In [31]: series[index]
Out[31]:
2011-01-01 09:00:00-08:00 2
2011-02-02 03:00:00-08:00 6
dtype: int64
In [32]: index
Out[32]:
2011-01-01 00:00:00-08:00 2011-01-01 09:00:00-08:00
2011-02-02 00:00:00-08:00 2011-02-02 03:00:00-08:00
dtype: datetime64[ns, America/Los_Angeles]
# this doesn't understand timezones at all (yes it is DISPLAYING the local timezone, but this is a bug as well in numpy)
In [33]: index.values
Out[33]: array(['2011-01-01T17:00:00.000000000', '2011-02-02T11:00:00.000000000'], dtype='datetime64[ns]')
Comment From: jorisvandenbossche
@jeremywhelchel As @jreback pointed out, datetime data with a timezone were previously stored as object
dtype (which is not efficient), and this was changed in 0.17.
This was a huge improvement for dealing with timezone data in columns, but as a consequence of the refactor, the .values
is no longer returning Timestamp
objects, but a datetime64 array:
In [19]: index.values
Out[19]:
array([Timestamp('2011-01-01 09:00:00-0800', tz='America/Los_Angeles'),
Timestamp('2011-02-02 03:00:00-0800', tz='America/Los_Angeles')], dtype=o
bject)
In [20]: pd.__version__
Out[20]: '0.16.2'
vs
In [24]: index.values
Out[24]:
array(['2011-01-01T18:00:00.000000000+0100',
'2011-02-02T12:00:00.000000000+0100'], dtype='datetime64[ns]')
In [25]: pd.__version__
Out[25]: '0.18.1
And this is the reason you cannot longer access the elements using the .values
(but as @jreback said, you don't need to)

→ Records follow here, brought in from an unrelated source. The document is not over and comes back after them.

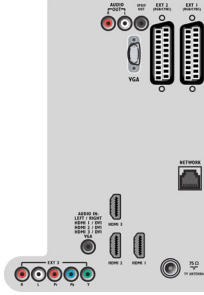

Teknik Özellikler

Ambilight

- Ambilight Özellikleri: Ambilight Spectra, Dinlenme ışık modu
- Ambilight ışık sistemi: LED geniş renk
- Işık Kısmı Fonksiyonu: Manuel ve Işık Sensörü ile

Görüntü/Ekran

- En-boy oranı: Geniş Ekran
- Çapraz ekran boyutu (inç): 42 inç

- Çapraz ekran boyutu (metrik): 107 cm
- Renkli kabin: Siyah ön kısım ve siyah hoparlörler
- Ekran çözünürlüğü: 1920x1080p
- Parlaklık: 500 cd/m²
- Görüntü geliştirme: Pixel precise HD, Perfect Natural Motion, 3/2 - 2/2 hareket aşağı çekme, 3D Combfilter (tarama filtresi), Aktif Kontrol + Işık sensörü, Dijital Parazit Azaltma, Dinamik kontrast geliştirme, Işık Geçiş İyileştiricisi, Aşamalı Tarama,

- 2D/3D gürültü azaltma, 100Hz LCD
- Ekran tipi: LCD Full HD W-UXGA Aktif matris
- Dinamik ekran kontrastı: 80.000:1
- Tepki süresi (tipik): 3 ms
- İzleme açısı: 176° (Y) / 176° (D)
- Ekran geliştirme: Yansıma önleyici ekran
- Renk işleme: 4 trilyon renk (14bit RGB)

Rear connectors

Side

Comment From: jeremywhelchel
Thanks for the explanation @jreback and @jorisvandenbossche. I'm upgrading Pandas at my organization. This behavior caused a handful of breakages in our codebase, so we just wanted to make sure it was intended. I agree storing the array rather than a series of individual timestamps is an improvement. Thanks for the fix!